_Work instruction_. Look through the data below and show every line that includes "Elektronische".

[Dataset records]

▼

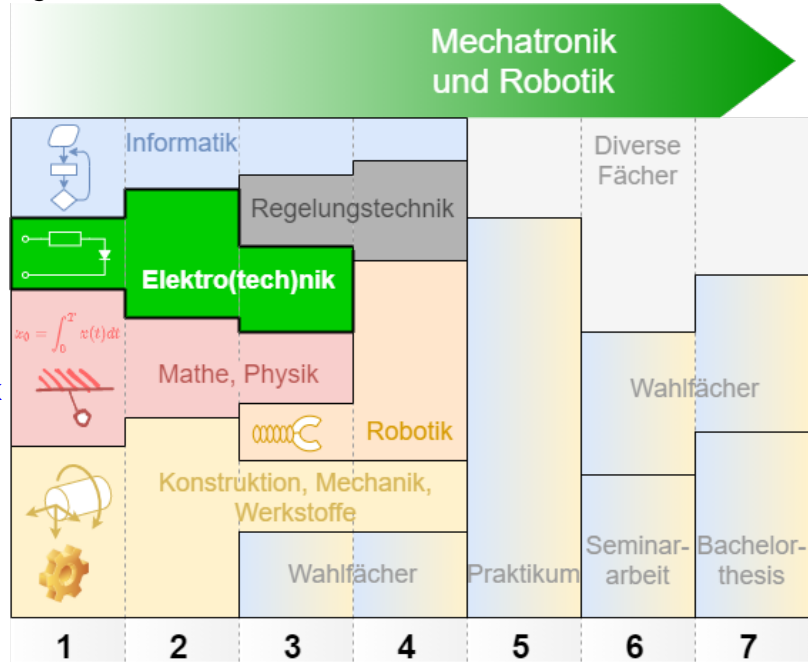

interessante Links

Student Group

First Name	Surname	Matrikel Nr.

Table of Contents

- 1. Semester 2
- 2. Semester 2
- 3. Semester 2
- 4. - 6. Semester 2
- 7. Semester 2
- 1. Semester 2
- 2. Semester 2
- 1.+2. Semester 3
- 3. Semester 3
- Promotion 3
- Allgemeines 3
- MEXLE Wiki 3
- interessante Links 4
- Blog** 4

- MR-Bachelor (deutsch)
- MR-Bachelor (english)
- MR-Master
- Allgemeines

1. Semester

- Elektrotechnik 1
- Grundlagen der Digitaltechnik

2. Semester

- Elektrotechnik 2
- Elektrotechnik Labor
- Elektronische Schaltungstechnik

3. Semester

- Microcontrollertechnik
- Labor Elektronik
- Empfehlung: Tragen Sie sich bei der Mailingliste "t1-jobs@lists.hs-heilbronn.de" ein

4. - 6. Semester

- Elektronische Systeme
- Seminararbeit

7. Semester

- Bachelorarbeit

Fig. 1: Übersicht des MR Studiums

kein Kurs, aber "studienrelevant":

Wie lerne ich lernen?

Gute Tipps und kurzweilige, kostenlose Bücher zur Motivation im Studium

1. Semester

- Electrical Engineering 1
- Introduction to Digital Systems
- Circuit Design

▲
▼

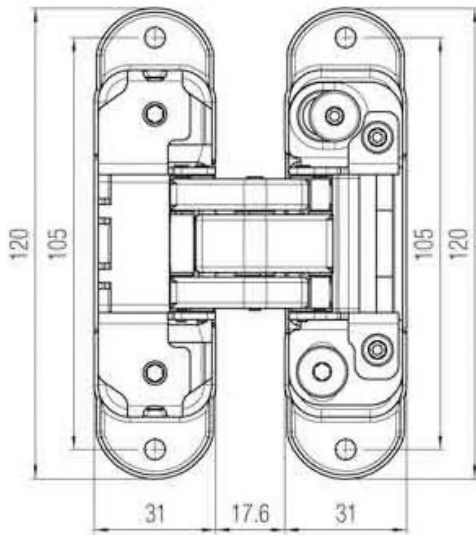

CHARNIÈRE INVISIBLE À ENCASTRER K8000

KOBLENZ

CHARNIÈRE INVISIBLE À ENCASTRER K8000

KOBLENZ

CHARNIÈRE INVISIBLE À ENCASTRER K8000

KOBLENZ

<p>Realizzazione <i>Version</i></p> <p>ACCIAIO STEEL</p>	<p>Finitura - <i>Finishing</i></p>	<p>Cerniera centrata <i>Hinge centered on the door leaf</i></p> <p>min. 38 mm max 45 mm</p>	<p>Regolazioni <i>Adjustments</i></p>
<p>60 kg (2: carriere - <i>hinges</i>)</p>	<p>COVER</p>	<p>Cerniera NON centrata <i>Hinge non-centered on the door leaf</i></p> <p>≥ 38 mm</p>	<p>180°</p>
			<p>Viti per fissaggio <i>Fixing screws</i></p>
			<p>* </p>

▲

_Result of the exercise_.
- Elektronische Schaltungstechnik
- Elektronische Systeme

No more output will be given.